*** Opening of Input records ***

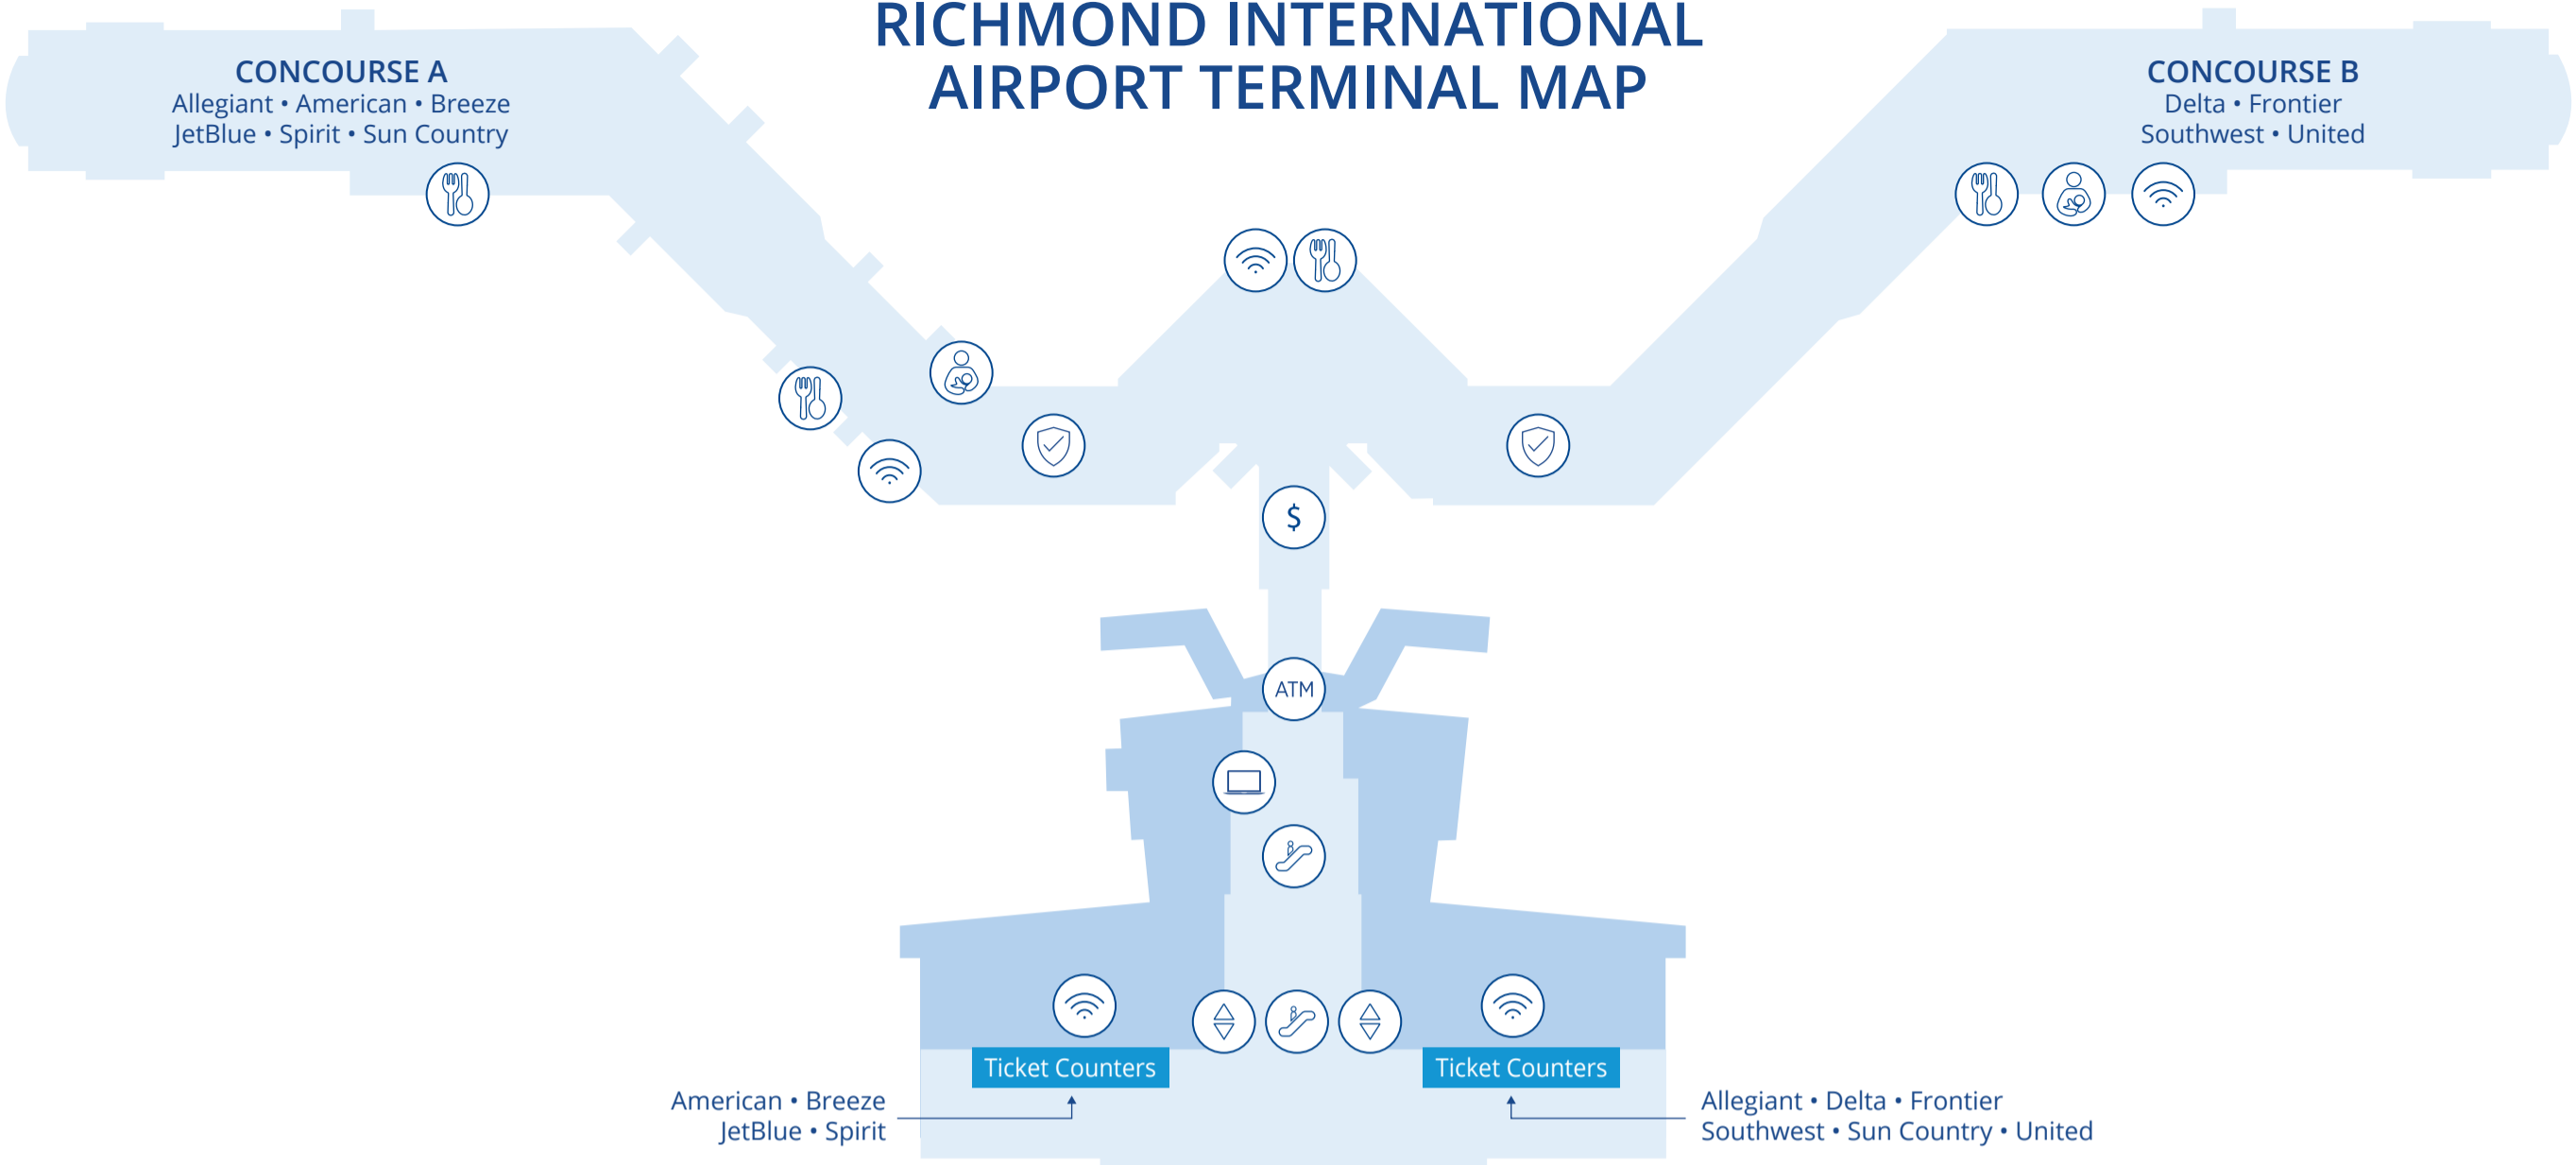

RICHMOND INTERNATIONAL AIRPORT TERMINAL MAP

SECOND LEVEL – TICKETING & GATES

- Security Checkpoints

FIRST LEVEL – BAGGAGE CLAIM

- Baggage Service Offices
- Ground Transportation
- Rental Car Counters
- Valet Parking Services

ATM	Business Center	Nursing Room	Shopping & Dining
Baggage Service Offices	Elevator	Rental Car Counters	Valet Parking
Lottery Kiosk	Escalator	Security Checkpoints	WiFi

*** Close of Input records ***

About this exercise:
Nothing but the lines from the line that contains "- Valet Parking Services" to the last line of the records above should appear in the answer; please copy them exactly.

Result of this exercise:
- Valet Parking Services

ATM	Business Center	Nursing Room	Shopping & Dining
Baggage Service Offices	Elevator	Rental Car Counters	Valet Parking
Lottery Kiosk	Escalator	Security Checkpoints	WiFi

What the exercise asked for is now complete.